# I came so close to buying this one ebay...at least the seller was honest..



## bobcycles (Jan 2, 2023)

SOOO close to hitting the buy it now but thankfully the seller was honest and mentioned
that it had a twisted gold wheel and front _fernder_.
No way could I have ridden that one.
Not really sure what a fernder is anyways....🤒

https://www.ebay.com/itm/195492134493?campid=5335809022


----------



## Krakatoa (Jan 2, 2023)

Ohhhh you got me I can't unsee that!


----------



## Freqman1 (Jan 3, 2023)

About lost breakfast-please don't do that to me again Bob!


----------



## Coyote (Jan 3, 2023)

Rumor has it that Liberace used to ride that onto the stage in 1970!
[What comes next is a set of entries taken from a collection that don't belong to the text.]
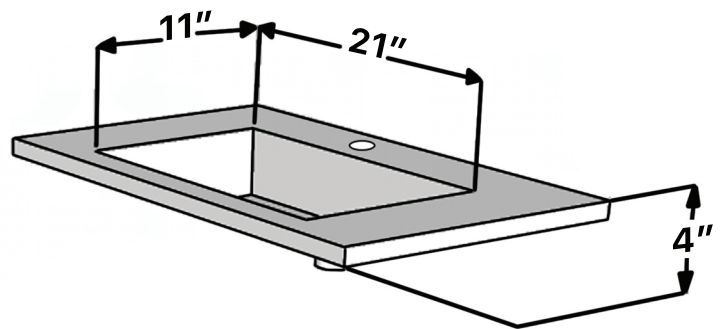

LEXA

Model: Lexa Single

Category: Vanity

Material: Wood + Murano Glass

Dimensions: 32"(L) x 19"(W) x 18.1"(H)

Description: Luxury Murano glass drop-in bathroom vanity in silver leaf finish

\*Numbers are in inches

# SCHEDA MONTAGGIO ASSEMBLY INSTRUCTIONS

Prastra per fissaggio a parete  
Wall-mounting plate

Stop per fissaggio a parete  
Plug for wall-mounting plate

①

Smontaggio Cassetto premendo leve di sgancio  
Disassemble drawer by pressing release clips

That user should change his handle to "Cycles & Nightmares".


----------



## phantom (Jan 3, 2023)

Don't know how much he is actually selling but has about $140K of inventory on just page one. Anyone, no matter how much they are selling, that has 30 negatives in 12 months is trouble.


----------



## cyclingday (Jan 3, 2023)

I bet you couldn’t build that bike, for $9,500
But the more pertinent question is, 
Why would you want to? 🤣
Just kidding!
I’m sure to some folks, all that twisted glitter is the sh’+.
Different strokes for different folks I guess.
The guy did a nice job.
I’ll give him that.
Pimp my Ride!


----------



## 49autocycledeluxe (Jan 3, 2023)

we see a lot of that nonsense here in California. I don't know about the rest of the country.


----------



## Sped Man (Jan 3, 2023)

A fernder is what you put on a kar.


----------



## Frank and Pam Skid Kings (Jan 3, 2023)
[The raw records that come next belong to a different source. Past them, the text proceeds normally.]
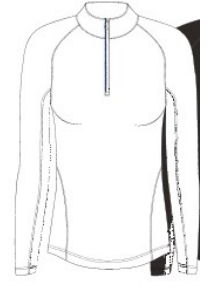

SUNSCAPE M

H02120TM

Long Sleeve Sun Protection Mesh Under Sleeve. H (Nylon/Spandex)

XS-XXL
White (WHITE), Black (BLACK)
20425022

Is that a CWC cathedral stem ?


----------



## dasberger (Jan 3, 2023)

Something about that seat rubs me the wrong way...


----------



## Grey Ghost (Jan 4, 2023)

Preparation H comes to mind


----------



## mr.cycleplane (Jan 7, 2023)

Awwww...what a shame and the bike is 'so you'.....don't worry there will always be more for sale!


----------



## coasterbrakejunkie1969 (Jan 7, 2023)

All that custom work for a girls bike, what a waste. Well it was all ways a waste but even more so on a girls bike.


----------



## charnleybob (Jan 7, 2023)

bobcycles said:


> SOOO close to hitting the buy it now but thankfully the seller was honest and mentioned
> that it had a twisted gold wheel and front _fernder_.
> No way could I have ridden that one.
> Not really sure what a fernder is anyways....🤒
> ...







Bob, you are too tall to ride that bike.
That's a "hidden, not ridden!"


----------



## Rusty McNickel (Jan 7, 2023)

First there was the cheese grater rack, now there's the meat grater seat....


----------



## Nashman (Jan 7, 2023)

Brings a song to mind.






						corey hart sunglasses at night video - Bing video
					






					www.bing.com


----------